Wednesday, February 2, 2011

2010: The Year of Crowdsourcing Transcription

2010 was the year that collaborative manuscript transcription finally caught on.

Back when I started work on FromThePage in 2005, I got the same response from most people I told about the project: "Why don't you just use OCR software?" To say that the challenges of digitizing handwritten material were poorly understood might be inaccurate—after all the TEI standard included an entire chapter on manuscripts—but there were no tools in use designed for the purpose. Five years later, half a dozen web-based transcription projects are in progress and new projects may choose from several existing tools to host their own. Crowdsourced transcription was even the written up in the New York Times!

I'm going to review the field as I see it, then make some predictions for 2011.

Ongoing Structured Transcription Projects
By far the most successful transcription project is FamilySearch Indexing. In 2010, 185,900,667 records were transcribed from manuscript census forms, parish registers, tithe lists, and other sources world-wide. This brings the total up to 437,795,000 records double-keyed and reconciled by more than four hundred thousand volunteers — itself an awe-inspiring number with an equally impressive support structure.

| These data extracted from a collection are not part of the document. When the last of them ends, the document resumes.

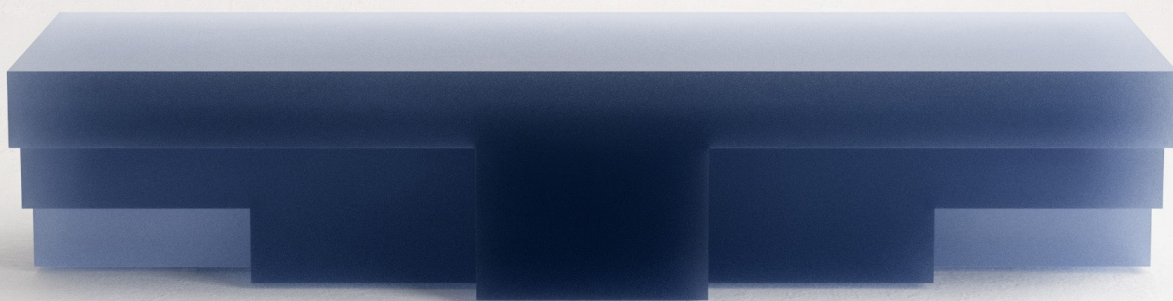

STUDIOTWENTYSEVEN

GRT COFFEE TABLE BY **NIKO KORONIS** EXCLUSIVELY FOR STUDIOTWENTYSEVEN
LIMITED EDITION 8+4 AP
SIGNED, SERIAL NUMBER AND CERTIFICATE OF AUTHENTICITY
G COLLECTION

RESIN
PRODUCTION TIME 10-12 WEEKS
MADE IN NETHERLANDS BY ATELIERS S.T.R.S

IN H 13 W 65 D 21.7
CM H 33 W 165 D 55

STUDIOTWENTYSEVEN

GNK 1
RESIN

GNK 2
RESIN

GNK 3
RESIN

GNK 4
RESIN

GNK 5
RESIN

GNK 6
RESIN
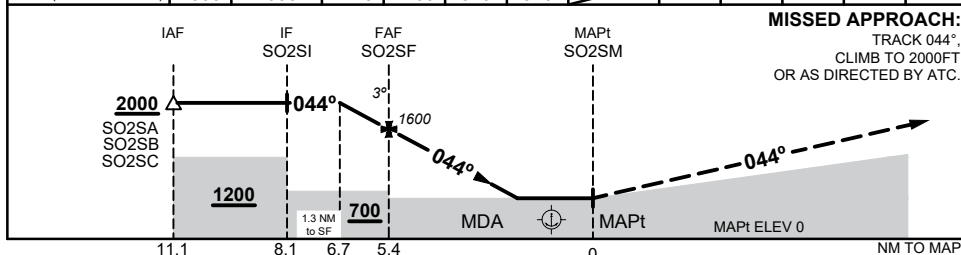

FOR CASA APPROVED OPERATORS ONLY

USE QNH

RNP 044

SEABUOY, WA (YSBY)

21 MAR 2024

NM TO NEXT WPT	1.3	SO2SF	5	4	3	2	SO2SM				
ALT (3° APCH PATH)	2000	1600	1470	1160	840	520					

NOTES

1. MAX IAS:
INITIAL : 90KTS
HOLDING : 90 KTS
2. MAPt LOCATED 1.0 NM FROM SEABUOY
3. REMOTE ALTIMETER
SETTING SOURCE YPKA
4. PRP (S20 24 49, E116 43 47)

CATEGORY	H
YPKA QNH	520 (520 - 2.5)
AREA QNH	600 (600 - 2.5)
ALTERNATE	(1100 - 4.5)

Changes: YPKA CTR, CTA, Editorial

SBYGN01-178

FOR CASA APPROVED OPERATORS ONLY
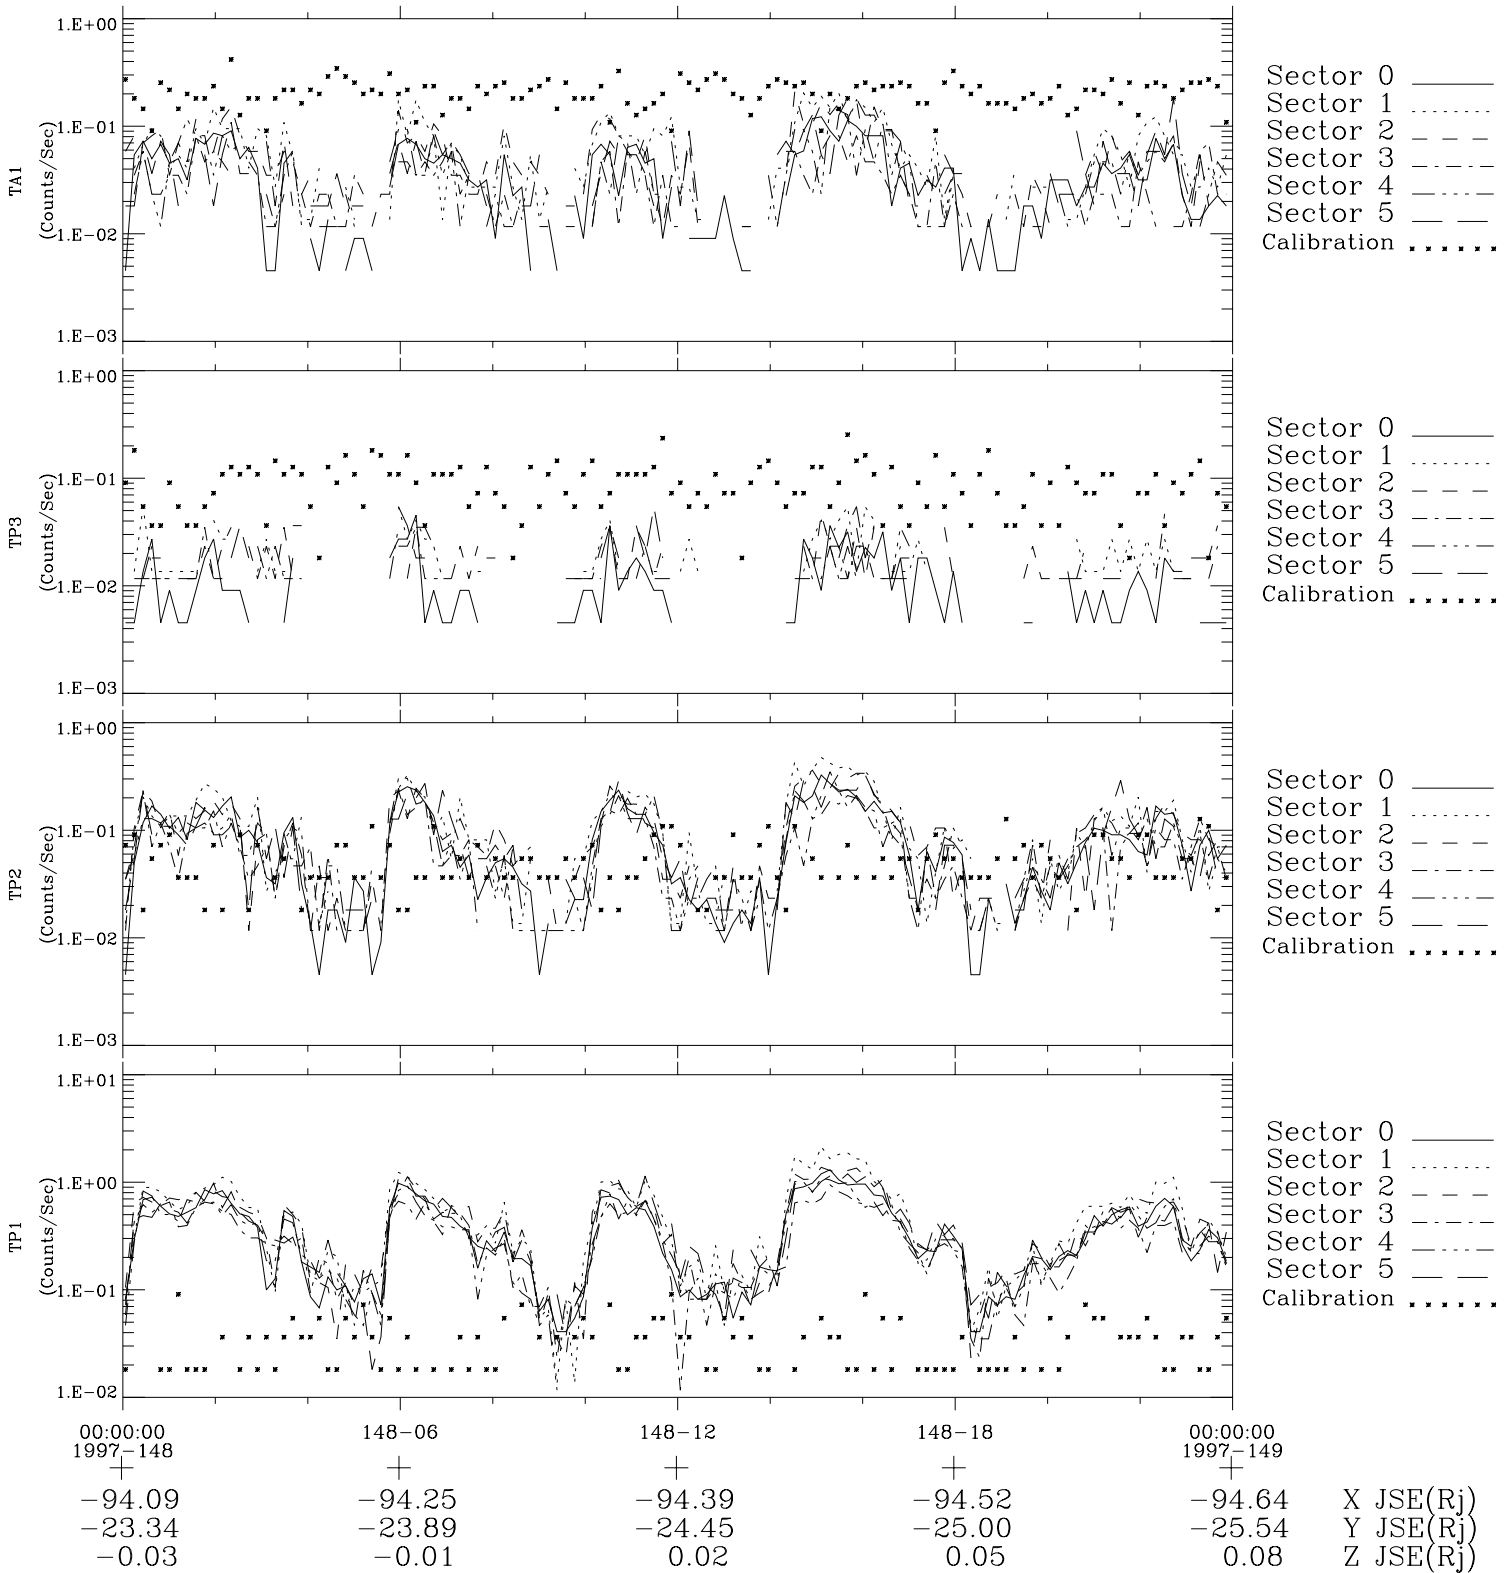

Galileo EPD Real-Time Six-Sector 97148

Software Version: RTLINE_R6 V 1.20
Data Production: 06-03-00
Plot Production: Sat Sep 15 08:45:12 2001

◇ = Jupiter look direction
□ = Corotation look direction

October saw the launch of OldWeather, a project in which GalaxyZoo applied its crowdsourcing technology to transcription of Royal Navy ship's logs from WWI. As I write, volunteers have transcribed an astonishing 308169 pages of logs — many of which include multiple records. I hope to do a more detailed review of the software soon, but for now let me note how elegantly the software uses the data itself to engage volunteers, so that transcribers can see the motion of "their ship" on a map as they enter dates, latitudes and longitudes. This leverages the immersive nature of transcription as an incentive, projecting users deep within history.

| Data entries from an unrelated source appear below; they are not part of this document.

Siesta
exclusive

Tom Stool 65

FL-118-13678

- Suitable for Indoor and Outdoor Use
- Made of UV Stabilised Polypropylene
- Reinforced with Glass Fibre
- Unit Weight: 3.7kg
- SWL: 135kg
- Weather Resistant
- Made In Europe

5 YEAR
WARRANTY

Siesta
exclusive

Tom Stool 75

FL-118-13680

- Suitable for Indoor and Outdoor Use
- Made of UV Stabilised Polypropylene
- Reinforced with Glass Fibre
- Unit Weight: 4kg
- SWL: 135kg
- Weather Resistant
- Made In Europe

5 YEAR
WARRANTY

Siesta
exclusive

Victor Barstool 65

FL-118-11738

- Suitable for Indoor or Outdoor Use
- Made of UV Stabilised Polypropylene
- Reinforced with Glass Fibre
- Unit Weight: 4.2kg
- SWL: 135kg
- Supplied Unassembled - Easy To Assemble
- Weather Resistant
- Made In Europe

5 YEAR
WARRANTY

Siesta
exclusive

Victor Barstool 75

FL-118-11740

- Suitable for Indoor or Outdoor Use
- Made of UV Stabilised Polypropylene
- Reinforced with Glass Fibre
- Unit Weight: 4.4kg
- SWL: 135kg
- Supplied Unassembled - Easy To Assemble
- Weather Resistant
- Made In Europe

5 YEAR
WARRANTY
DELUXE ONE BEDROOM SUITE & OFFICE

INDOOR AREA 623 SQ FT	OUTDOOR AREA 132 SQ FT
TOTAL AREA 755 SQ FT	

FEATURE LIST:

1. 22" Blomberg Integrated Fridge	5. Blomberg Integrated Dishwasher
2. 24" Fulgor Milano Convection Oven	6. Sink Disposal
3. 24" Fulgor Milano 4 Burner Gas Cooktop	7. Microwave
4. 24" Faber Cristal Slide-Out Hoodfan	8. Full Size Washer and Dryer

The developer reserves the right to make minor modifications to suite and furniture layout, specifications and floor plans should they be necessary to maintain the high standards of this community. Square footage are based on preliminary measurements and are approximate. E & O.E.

The North American Bird Phenology Program transcribed nearly 160,000 species sighting cards between December 2009 and 2010 and maintained their reputation as a model for crowdsourcing projects by publishing the first user satisfaction survey for a transcription tool. Interestingly the program seems to have followed a growth pattern a bit similar to Wikipedia's, as the cards transcribed rose from 203,967 to 362,996 while the number of volunteers only increased from 1,666 to 2,204 (32% vs 78%) — indicating that a core of passionate volunteers remain the most active contributors.

I've only recently discovered Demogen, a project operated by the Belgium Rijksarchief to enlist the public to index handwritten death notices. Although most of the documentation is in Flemish, the Windows-based transcription software will also operate in French. I've had trouble finding statistics on how many of the record sets have been completed (a set comprising a score of pages with half a dozen personal records per page). By my crude estimate, the 4000ish sets are approximately 63% indexed — say a total of 300,000 records to date. I'd like to write a more detailed review of Demogen/Visu and would welcome any pointers to project status and community support pages.

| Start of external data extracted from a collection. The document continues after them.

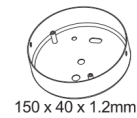

Up & Down LED Linear Light Accessories

CL-LL1A-CROSS
Cross corner

CL-LL1A-T corner
T corner

CL-LL1A-V120 corner
120 degree connector

CL-LL1A-L corner
L corner

CL-LL1A-Y corner
Y connector

CL-LL1A-SCON
Straight connector

CL-LL1A-WMA
Wall mount

CL-LL1A-surface mount kit
Surface mount kit

CL-LL1A-PKC
Canopy pendant kit

CL-LL1A-AC wire
AC Wire with

CL-LL1A-Safety wire
Safety wire

CL-LL1A-PSMC
Plug in sensor

CL-LL1A-PSMI
Plug in sensor
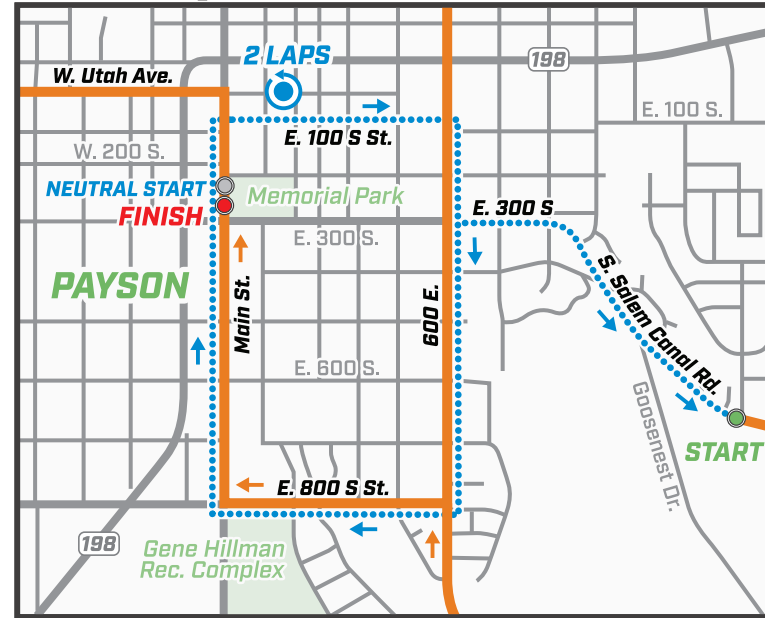

STAGE 2

Payson

88.6 Miles / 142.6 Kilometers

Sponsor

START / FINISH DETAIL

LEGEND

- Course —
- Start, Finish ● ●
- Sprint S
- KOM KOM
- City / Town ○
- Interstate 80
- U.S. Highway 89
- State Highway 17
- County Road 17

Ancestry.com's World Archives Project has been operating since 2008, but I've been unable to find any statistics on the total number of records transcribed. The project allows volunteers to index personal information from a fairly heterogeneous assortment of records scanned from microfilm. Each set of records has its own project page with help and statistics. The keying software is a Windows-based application free for download by any Ancestry.com registered user, while support is provided through discussion boards and a wiki.

Ongoing Free-form Transcription Projects
While I've written about Wikisource and its ProofreadPage plug-in before, it remains worth very much following. More than two hundred thousand scanned pages have been proofread, had problems reconciled, and been reviewed out of 1.3 million scanned pages. Only a tiny percent of those are handwritten, but that's still a few thousand pages, making it the most popular automated free-form transcription tool.

This blog was started to track my own work developing FromThePage to transcribe Julia Brumfield's diaries. As I type, beta.fromthepage.com hosts 1503 transcribed pages—of which 988 are indexed and annotated—and volunteers are now waiting on me to prepare and upload more page images. Major developments in 2010 included the release of FromThePage on GitHub under a Free software license and installation of the software by the Balboa Park Online Collaborative for transcription projects by their member institutions.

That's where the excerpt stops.